Francisco, en cambio, demostró que su papado se inclinaría por la multipolaridad, con especial atención a las nuevas potencias emergentes posguerra fría.

Lo puso en evidencia en la primera oportunidad que tuvo. En septiembre de 2013, mientras Estados Unidos amenazaba con un bombardeo a Siria, decidió escribir a Vladimir Putin una carta para que la leyera en la reunión del G20 en San Petersburgo. Cualquier Papa europeo u occidental hubiese apelado a Alemania, Francia o Inglaterra, pero Francisco lo hizo con Rusia para que persuadiera a Estados Unidos de evitar un ataque a Damasco y promover la paz en Medio Oriente.

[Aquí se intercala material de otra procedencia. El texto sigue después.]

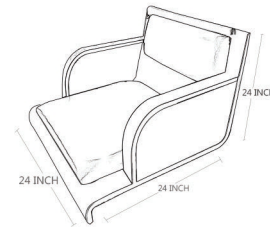

Deepak Patel
97250 93535

Chirag Patel
7878 695979

WHITE ACRYLIC
SINGLE SEATER SWING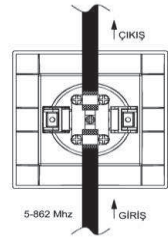

EN

- * Rated Frequency: 5-862 MH
- * Black and Red Cables for First Line connection
- * Installation with screw connection
- * For flush-mounted installation.

ÖLÇÜLER/ DIMENSIONS

RENK SEÇENEKLERİ / COLOR OPTIONS

513-000200-224 BEYAZ WHITE

BAĞLANTI ŞEMASI/ WIRING DIAGRAM

DEVRE ŞEMASI/ CIRCUIT DIAGRAM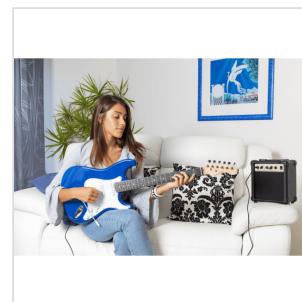

RIDER GP TB ELECTRIC GUITAR PACK - TROPICAL BLUE

Wanna start your journey in the electric guitar world? Rider GP is the best way to do it! The guitar pack includes a Soundsation Rider-GP electric guitar, a RGP-10 vintage style combo, a clip tuner allowing you to be in tune without cables, a gig bag, 3 picks, cable and strap. All you need is here: now is up to you!

RIDER GP TB

ELECTRIC GUITAR PACK - TROPICAL BLUE

PRODUCT DETAILS

KEY FEATURES

Soundsation Rider-GP guitar: double cutaway basswood body, maple neck, 22 frets eco rosewood fretboard, 3 single coils, 5 positions switch

RGP-10 combo featuring 5" speaker, drive selector, eq, headphone out (10w)

Back lighted clip tuner allowing perfect and fast tuning without cables

Strap

Gig bag

Picks

Cable

Color box

Guitar finish: Tropical Blue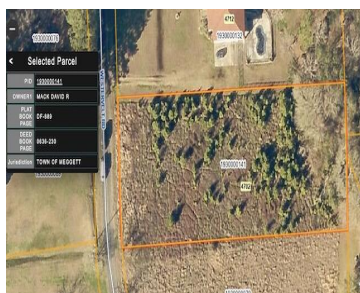

4692 WESTERVELT RD, HOLLYWOOD, SC 29449, USA

<https://findyourcharleston.com>

4692 Westervelt Rd, Hollywood, SC 29449, USA

\$150,000

Come build your dream home on this 1.33 Acre wooded lot in the peaceful town of Meggett.

- Land
- Active

Pam Bass

Basics

MLS ID: 24017728

Date added: Added 2 months ago

Category: Land

Status: Active

Lot size, acres: 1.33 acres

Subdivision Name: Meggett

County Or Parish: Charleston

MLS Area Major: 13 - West of the Ashley beyond Rantowles Creek

Hidden Info

List Office MLS Id: 9439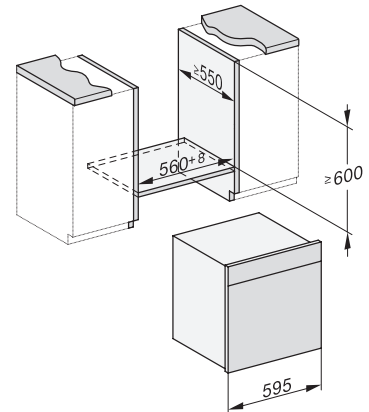

DGC7x6x, DGC7x6xX, DGC7x6xHCPro, DGC7x6xHCXPro installation drawings

Worktop overhang ≤ 29 mm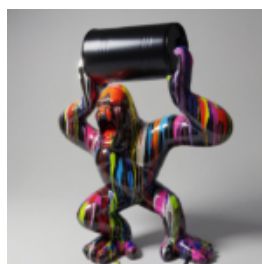

DUŻY GORYL Z BECZKĄ - TRASH

Numer artykułu:
G1-5-7
Opis produktu:
Duży goryl z beczką -...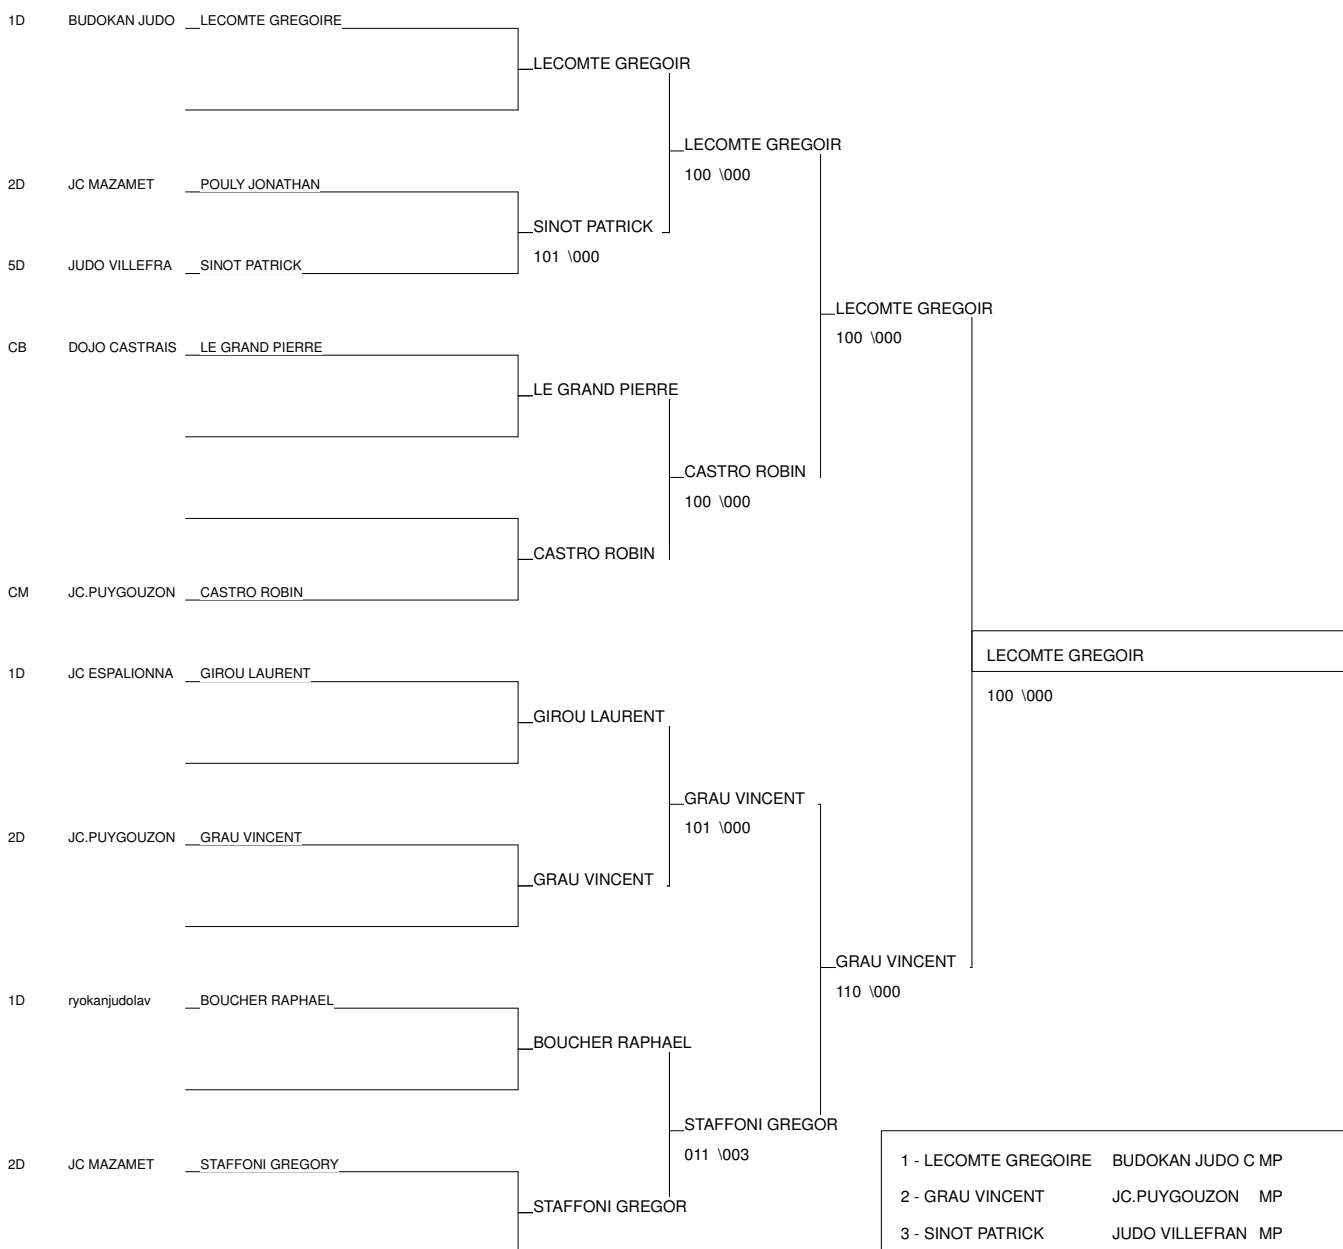

BI-DEPART SENIORS 2014

REALMONT 02/02/2014

Cat. -81

Nb. Judokas : 9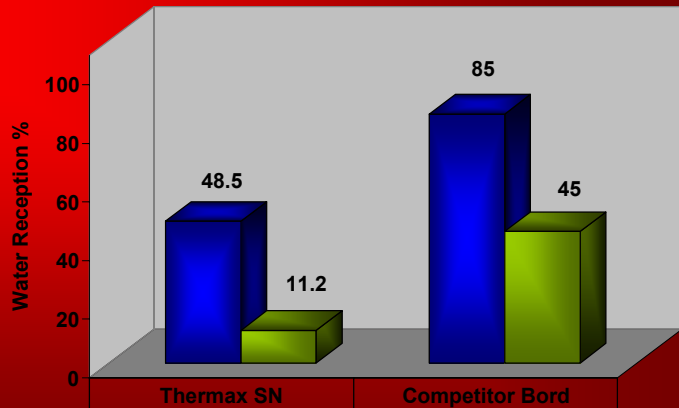

### Water Resistance of Thermax Boards

■ Water Reception [%]	48.5	85
□ Absorbent Height [mm]	11.2	45

### Water Resistance of Thermax Boards

■ Water Reception [%]	87.5	48.5	85
■ Absorbent Height [mm]	52.6	11.2	45

■ Water Reception [%] ■ Absorbent Height [mm]

### Water Resistance of Thermax Boards

■ Water Reception [%]	48.5	85
■ Absorbent Height [mm]	11.2	45

■ Water Reception [%] ■ Absorbent Height [mm]

### Water Resistance of Thermax Boards

■ Water Reception [%]	87.5	48.5	85
□ Absorbent Height [mm]	52.6	11.2	45

En la carta pidió que se abandonara cualquier “vana pretensión de una solución militar” y se intentara una solución pacífica “a través del diálogo y la negociación entre las partes interesadas con el apoyo de la comunidad internacional”. Putin la leyó ante el presidente Barack Obama y el G20 retiró el apoyo a Estados Unidos para un ataque a Siria. Francisco, antes que como un Papa occidental, se presentaba ante el mundo como un Papa que llegaba desde el sur. De hecho, Francisco fue el primer Papa que llegaba desde el sur en la historia de la Iglesia y el primero también en su geopolítica pastoral dejaría en un segundo plano a Occidente e involucraría su papado en las periferias del mundo. Incluso, en sus viajes evangélicos, antes que en los países de la antigua Europa prefirió dar su testimonio en Lampedusa, Albania, Sarajevo, Polonia, Georgia y otros países que no forman parte de la Unión Europea. La primera ciudad europea que visitó fue Nápoles, más cercana al tercermundismo que a la Europa tradicional.

En términos geopolíticos, Obama representó un aliado. Quizá sólo un Papa latinoamericano y un presidente de raza negra podían acordar el “deshielo” en las relaciones de Estados Unidos con Cuba, que marcó quizá uno de los puntos más altos en la popularidad de su papado. Con Obama en el poder, la Santa Sede pudo trabajar en conjunto políticas de erradicación de tráfico humano, reformas migratorias y el cambio climático, pero la llegada de Donald Trump a la Casa Blanca truncó la relación. Como mencionó en varios discursos, pidió construir puentes a través del diálogo y no “muros de la división y del miedo”.

Pero al margen de la falta empatía mutua entre Trump y Francisco, nunca en la historia vaticana un Papa se mostró tan distante de Estados Unidos y, al mismo tiempo, tan decididamente interesado en proyectar la Iglesia a Oriente.

Francisco aspira que China -la evangelización de este país- sea el destino final de su pontificado. Sería su modo de recrear la fe evangelizadora de los fundadores de la Compañía de Jesús, quienes a partir de 1534, pusieron el centro de su trabajo apostólico a la India, Japón y China. Eran misiones hacia las periferias que ahora Bergoglio revitalizó casi cinco siglos después.

En septiembre pasado, el Vaticano y China firmaron un “protocolo provisional para el nombramiento de obispos” que supone un acercamiento diplomático para restaurar una relación interrumpida desde 1951. La partida del magisterio de Bergoglio, y quizá el la de la Iglesia en el tercer milenio, se juega en su vínculo con Oriente.

En cambio, las reformas estructurales en la curia romana son más lentas de lo que quizá suponía, mitigadas por las resistencias internas, y quizá la verdadera reforma, la que perdurará como su legado geopolítico, sea su decisión de inclinar la Iglesia hacia Oriente para su evangelización. Sólo China tiene 1.400 millones de habitantes, cien millones más que todos los católicos bautizados en el mundo.